Launch: Miller Park, Omro
Far point: Enter Terrell Island area via fish barrier
Takeout: Return to Yost Road landing
Takeout: Return to Yost Road landing
Distance: 6.5 miles
Raindrops beat fiercely on the truck windshield and bright bolts of lightning split the sky as we shuttled our vehicles for the Fox River Heritage Paddle 2010 segment from Omro to Terrell Island in Lake Butte des Morts.
Despite the prediction of all-day scattered thunderstorms, 45 kayak and canoe paddlers turn out at Fred C. Miller Park in Omro for a day of fun on the water. But it looks like one of the persistently bad forecasts that have dogged our weekend paddles all summer is actually going to prove to be correct. We delay the launch for about 45 minutes, but sunburn replaces lightning as the trip hazard. There are happy faces behind the paddles when we take off from Omro, led as always by the 28-foot voyageur canoe.

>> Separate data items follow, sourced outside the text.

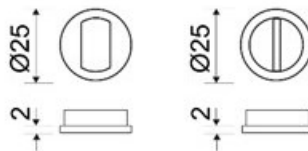

MODELO
37WC

DESCRIPCIÓN

SET WC CON ROSETA MINI

REFERENCIA	ACABADOS	EAN13
37WC95ANTR	ANTRACITA	8435496112494
37WC95BLAN	BLANCO	8435496110605
37WC95COST	COBRE SATINADO	8435496114368
37WC95CROM	CROMO BRILLO	8435496110582
37WC95EFCS	EFEECTO CROMO SATINADO	8435496111534
37WC95EFLM	EFEECTO LATÓN MATE	8435496113132
37WC95INOX	INOX	8435496110728
37WC95NEGR	NEGRO	8435496111350
37WC95NMOP	NÍQUEL MATE OPACO	8435496108206

CARÁCTERÍSTICAS GENERALES

Tipo de producto :	COMPLEMENTOS
Referencia :	37WC
Marca :	JANDEL
Material principal :	ZAMAK

RECOMENDACIONES DE USO Y MANTENIMIENTO

La limpieza debe efectuarse con un paño ligeramente humedecido con agua (sin disolventes ni productos abrasivos)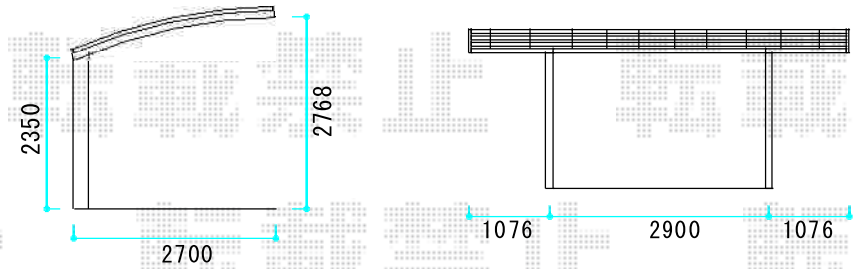

レイナポートZ 積雪～20cm対応

YKK AP レイナポートZ 積雪～20cm対応
 幅=2,700mm
 奥行=5,052mm
 色：プラチナステン
 屋根材：熱線遮断ポリカーボネート（アースブルーマット調）
 柱仕様：ハイルーフ柱仕様（有効高 約2,355mm）
 オプション：屋根ふき材補強部品×1セット
 オプション：着脱式サポート柱 2本入り×1

ヨド物置 ESD-1906AGL エスモ 一般型
 間口=1,950mm
 奥行=650mm
 高さ=1,959mm
 色：樫（ウッディブラウン）
 屋根タイプ：標準型
 耐荷重タイプ：一般型

We definitely have entered the recreational section of the Fox River. We have to make way for a pontoon boat or bass slayer more frequently. Still, herons, egrets, an eagle and osprey are our companions.

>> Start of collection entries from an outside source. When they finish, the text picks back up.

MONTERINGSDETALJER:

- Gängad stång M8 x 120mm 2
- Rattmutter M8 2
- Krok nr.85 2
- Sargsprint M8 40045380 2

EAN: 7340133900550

Downstream of Omro, the Fox gradually opens up a marshy mouth into Lake Butte des Morts. This is the convergence of the Fox and the Wolf rivers. Once a barely passable bog of reeds and wild rice, artificially high water levels and boat traffic have opened up the shallow lake.

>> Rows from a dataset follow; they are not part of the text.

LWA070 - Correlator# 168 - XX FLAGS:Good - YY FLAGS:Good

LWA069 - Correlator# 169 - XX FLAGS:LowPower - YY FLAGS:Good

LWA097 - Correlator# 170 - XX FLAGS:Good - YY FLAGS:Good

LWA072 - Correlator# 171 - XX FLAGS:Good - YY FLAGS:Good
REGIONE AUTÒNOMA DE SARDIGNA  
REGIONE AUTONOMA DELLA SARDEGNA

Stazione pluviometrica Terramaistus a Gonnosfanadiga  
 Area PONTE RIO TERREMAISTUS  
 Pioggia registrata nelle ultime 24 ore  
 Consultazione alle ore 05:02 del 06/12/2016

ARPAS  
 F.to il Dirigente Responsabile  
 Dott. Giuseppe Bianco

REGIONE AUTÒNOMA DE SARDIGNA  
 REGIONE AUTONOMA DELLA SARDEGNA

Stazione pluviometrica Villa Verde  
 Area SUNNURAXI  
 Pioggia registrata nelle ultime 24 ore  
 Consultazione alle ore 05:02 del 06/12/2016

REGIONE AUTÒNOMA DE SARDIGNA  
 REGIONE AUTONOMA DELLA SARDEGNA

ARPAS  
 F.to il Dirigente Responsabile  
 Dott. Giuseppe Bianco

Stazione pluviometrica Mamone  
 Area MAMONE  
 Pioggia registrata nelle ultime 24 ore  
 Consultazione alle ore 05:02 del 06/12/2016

Terrell Island is an experiment by the Department of Natural Resources in turning back the clock for a corner of the lake by enclosing the area with a two-mile-long rock breakwater. It is intended to block out the boat wakes and turbid water of the lake to allow native vegetation to return, followed by native fish and mammals. We circle around its full length and land at the Butte des Morts Conservation Club headquarters.
The Terrell’s Island experiment has worked – too well in the case of one species, according to DNR biologist Art Techlow III, who gives the paddlers a natural history lesson. American white pelicans have returned in force. The experiment has also brought in common terns, egrets and various waterfowl. The DNR counted 13 nesting pelican pairs within the impoundment in 2005. By 2006, the number rose to 44, then 420 in 2007, 695 in 2008, 1,101 in 2009 and 1,068 overwhelming the little islands this spring.
Pelican guano has denuded the islands. That’s one of the unexpected consequences of experiments with nature on this scale, Techlow says. The DNR plans to shave down the islands to promote semi-aquatic vegetation and discourage pelicans.
After Techlow’s presentation, 10 paddlers pile into the voyageur and start paddling east. Not far out, they raise the big boat’s sail and let the wind push them all the way across Lake Butte des Morts. What a sight as this historic replica of Marquette and Joliet’s time sails under U.S. 41, painting a contrast between the journey and just getting there.